■ **WHAT IS BEING ASKED**: Look for the line containing "- Szaunaüveg" and the line containing "Band4-1.4MHz-16QAM-19957-1RB#0-0.009~0.15-PASS" in the entries below. Copy those two and all lines between them exactly, leaving out pictures.

Stored items
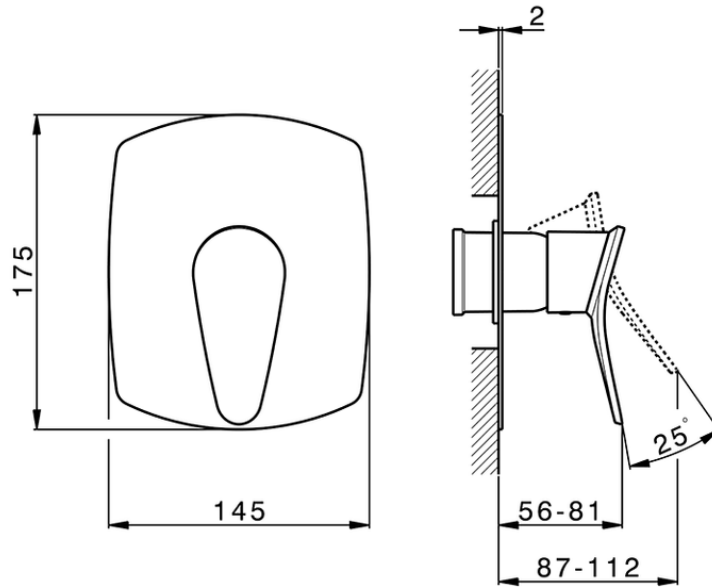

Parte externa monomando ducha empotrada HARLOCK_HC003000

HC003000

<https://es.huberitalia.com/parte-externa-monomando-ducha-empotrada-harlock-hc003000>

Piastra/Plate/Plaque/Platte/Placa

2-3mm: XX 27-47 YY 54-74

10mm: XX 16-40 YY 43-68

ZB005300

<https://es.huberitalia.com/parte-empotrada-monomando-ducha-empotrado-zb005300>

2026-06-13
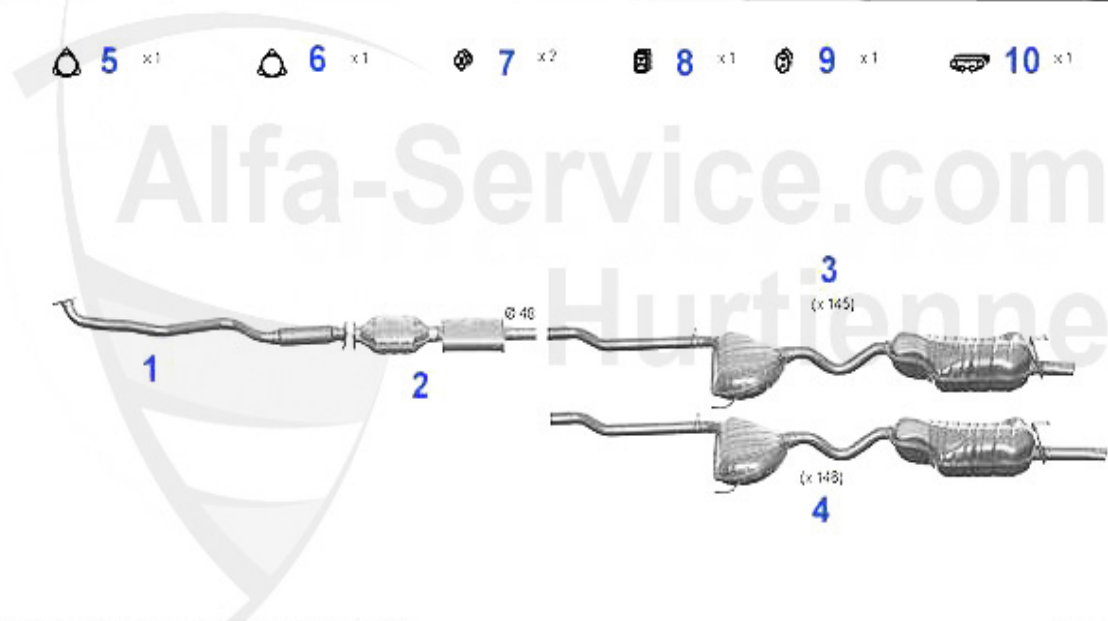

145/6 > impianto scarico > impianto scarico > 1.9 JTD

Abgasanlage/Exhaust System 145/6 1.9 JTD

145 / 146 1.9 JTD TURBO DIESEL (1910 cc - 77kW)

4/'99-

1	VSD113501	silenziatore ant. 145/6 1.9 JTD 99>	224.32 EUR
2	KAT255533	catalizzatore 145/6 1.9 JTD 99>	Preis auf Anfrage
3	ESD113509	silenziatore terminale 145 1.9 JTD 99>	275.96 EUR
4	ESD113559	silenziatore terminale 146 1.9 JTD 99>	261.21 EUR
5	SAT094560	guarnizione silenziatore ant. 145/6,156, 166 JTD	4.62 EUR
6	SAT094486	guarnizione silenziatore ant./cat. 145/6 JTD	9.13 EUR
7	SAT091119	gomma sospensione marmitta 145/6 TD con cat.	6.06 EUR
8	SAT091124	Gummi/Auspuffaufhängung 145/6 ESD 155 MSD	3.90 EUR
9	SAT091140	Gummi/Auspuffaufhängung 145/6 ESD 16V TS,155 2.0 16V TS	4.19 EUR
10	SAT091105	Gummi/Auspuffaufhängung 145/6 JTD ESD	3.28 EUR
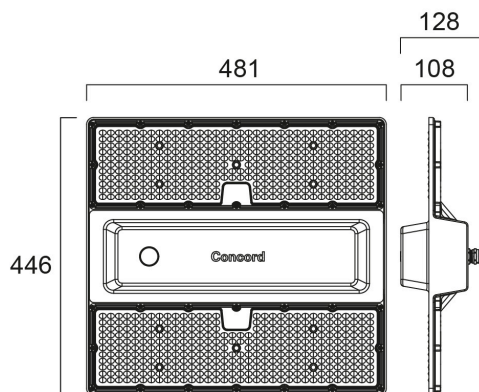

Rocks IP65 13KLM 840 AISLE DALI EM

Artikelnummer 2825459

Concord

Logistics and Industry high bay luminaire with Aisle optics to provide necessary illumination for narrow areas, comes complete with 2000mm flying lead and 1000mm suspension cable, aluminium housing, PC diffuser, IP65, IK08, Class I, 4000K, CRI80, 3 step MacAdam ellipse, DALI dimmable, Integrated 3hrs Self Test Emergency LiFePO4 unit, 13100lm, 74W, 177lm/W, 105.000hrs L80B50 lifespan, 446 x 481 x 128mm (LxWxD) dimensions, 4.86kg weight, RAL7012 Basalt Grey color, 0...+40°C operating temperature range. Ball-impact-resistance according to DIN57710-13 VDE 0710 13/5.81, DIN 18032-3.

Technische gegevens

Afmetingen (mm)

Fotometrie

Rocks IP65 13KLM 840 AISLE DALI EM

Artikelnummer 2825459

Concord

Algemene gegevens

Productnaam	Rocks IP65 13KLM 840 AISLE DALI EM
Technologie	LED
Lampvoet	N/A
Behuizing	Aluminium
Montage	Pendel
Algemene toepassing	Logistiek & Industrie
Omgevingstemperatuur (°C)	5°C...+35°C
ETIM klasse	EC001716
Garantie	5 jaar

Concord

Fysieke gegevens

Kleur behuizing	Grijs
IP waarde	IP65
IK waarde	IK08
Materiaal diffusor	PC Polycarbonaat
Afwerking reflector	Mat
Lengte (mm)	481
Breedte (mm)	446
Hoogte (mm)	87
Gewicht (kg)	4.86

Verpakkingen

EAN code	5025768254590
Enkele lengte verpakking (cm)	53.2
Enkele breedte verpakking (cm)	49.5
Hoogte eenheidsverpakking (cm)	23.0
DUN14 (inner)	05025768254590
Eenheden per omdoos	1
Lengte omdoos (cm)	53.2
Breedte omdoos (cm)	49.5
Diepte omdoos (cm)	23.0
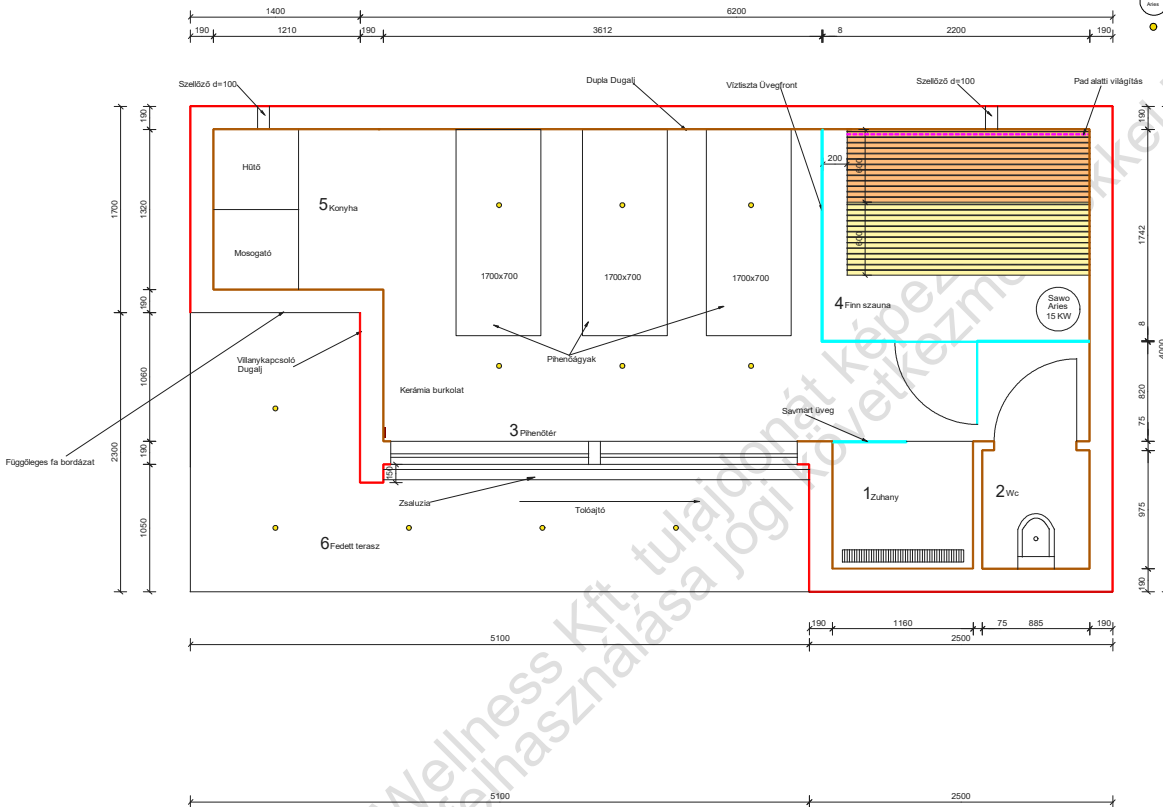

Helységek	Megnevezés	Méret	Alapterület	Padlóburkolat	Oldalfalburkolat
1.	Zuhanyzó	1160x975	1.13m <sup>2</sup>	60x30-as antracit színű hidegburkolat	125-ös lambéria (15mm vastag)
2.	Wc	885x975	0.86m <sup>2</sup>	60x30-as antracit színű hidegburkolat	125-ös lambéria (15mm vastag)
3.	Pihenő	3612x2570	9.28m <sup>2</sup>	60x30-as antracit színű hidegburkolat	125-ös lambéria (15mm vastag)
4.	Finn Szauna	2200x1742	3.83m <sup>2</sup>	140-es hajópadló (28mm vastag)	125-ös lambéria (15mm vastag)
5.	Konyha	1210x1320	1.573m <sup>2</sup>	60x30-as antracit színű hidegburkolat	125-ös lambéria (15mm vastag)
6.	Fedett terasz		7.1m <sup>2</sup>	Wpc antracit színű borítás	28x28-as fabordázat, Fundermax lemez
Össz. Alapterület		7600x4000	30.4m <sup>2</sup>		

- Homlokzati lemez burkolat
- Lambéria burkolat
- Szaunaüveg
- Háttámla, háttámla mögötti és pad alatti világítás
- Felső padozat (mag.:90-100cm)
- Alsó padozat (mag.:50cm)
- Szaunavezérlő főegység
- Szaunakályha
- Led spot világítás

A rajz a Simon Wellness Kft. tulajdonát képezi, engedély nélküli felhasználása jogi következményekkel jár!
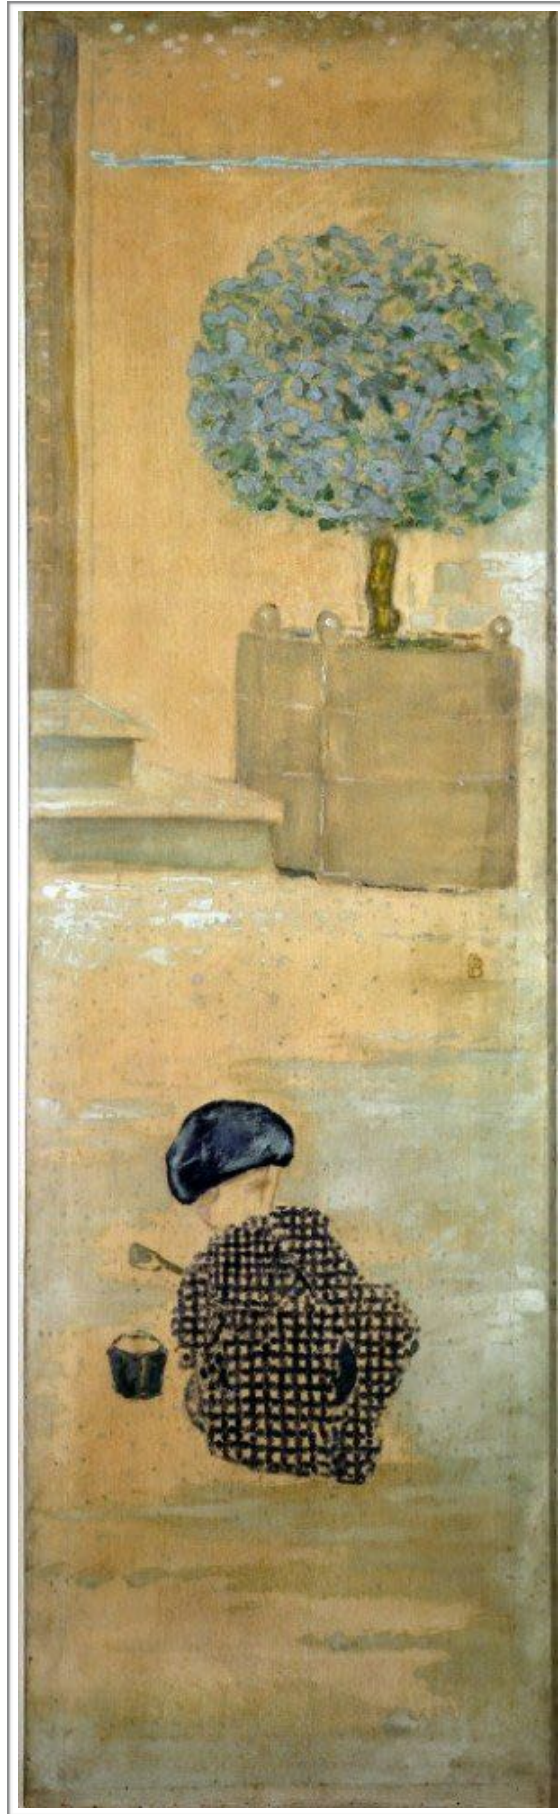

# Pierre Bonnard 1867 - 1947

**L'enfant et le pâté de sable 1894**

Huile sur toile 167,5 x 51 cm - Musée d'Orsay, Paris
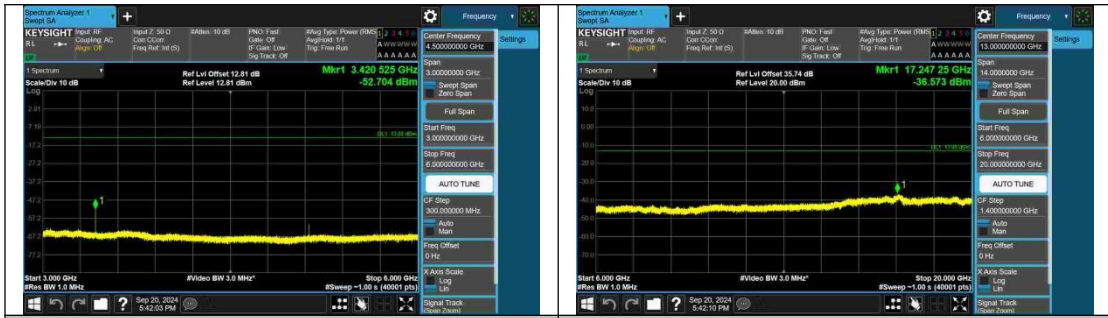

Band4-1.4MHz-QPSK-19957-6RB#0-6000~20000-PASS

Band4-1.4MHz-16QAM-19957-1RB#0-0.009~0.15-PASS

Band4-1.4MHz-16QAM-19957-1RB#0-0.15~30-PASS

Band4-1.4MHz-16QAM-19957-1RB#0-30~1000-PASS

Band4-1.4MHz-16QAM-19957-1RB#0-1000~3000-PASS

■ **RESPONSE BOX**:
- Szaunaüveg
- Háttámla, háttámla mögötti és pad alatti világítás
- Felső padozat (mag.:90-100cm)
- Alsó padozat (mag.:50cm)
- Szaunavezérlő főegység
- Szaunakályha
- Led spot világítás

A rajz a Simon Wellness Kft. tulajdonát képezi, engedély nélküli felhasználása jogi következményekkel jár!

# Pierre Bonnard 1867 - 1947

**L'enfant et le pâté de sable 1894**

Huile sur toile 167,5 x 51 cm - Musée d'Orsay, Paris

Band4-1.4MHz-QPSK-19957-6RB#0-6000~20000-PASS

Band4-1.4MHz-16QAM-19957-1RB#0-0.009~0.15-PASS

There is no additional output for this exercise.